* _Data records_
+ + + + +

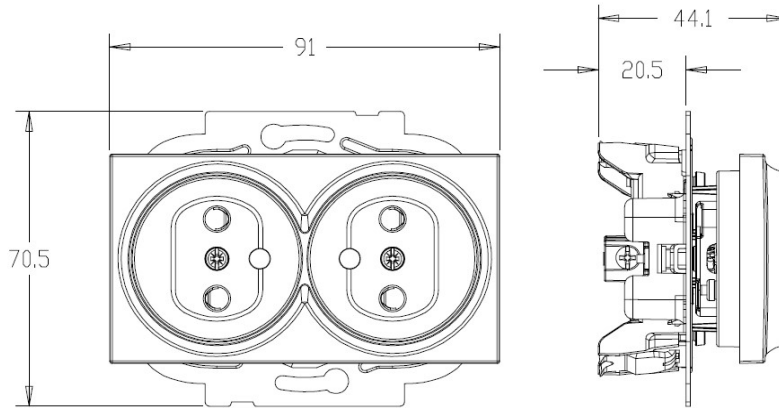

PRODUCT DATASHEET

V:KO
by **Panasonic**

Product Name : Double UPS Socket with Safety Shutter

Product Code : 90967057

Product Series : Karre/Meridian

Technical Specifications:

Rated Current : 16AX, 250V~

Terminal Type : Screw Terminal

Material : ABS (Acrylonitrile Butadine-Styrene)

Certificates : CE, PGD, WEEE, VDE, TSE, EAC

Colour : White, Beige

Cable Standard:

Cable Diameter : 1mm²-2,5mm²

Applicable Cable: Solid Wire, Stranded Wire

Wiring Diagram:

Dimensions:

Panasonic Electric Works Elektrik.San. ve Tic. A.Ş.

Abdurrahmangazi Mah. Ebubekir Cad. No: 44 Sancaktepe / İstanbul Tel: 0216 564 55 55 Fax: 0216 564 55 44

ewtr.panasonic.com

+ + + + +

* _Task_
In the entries above, find each line with "Cable" and copy it.

* _Solution to the problem_
Cable Standard:
Cable Diameter : 1mm²-2,5mm²
Applicable Cable: Solid Wire, Stranded Wire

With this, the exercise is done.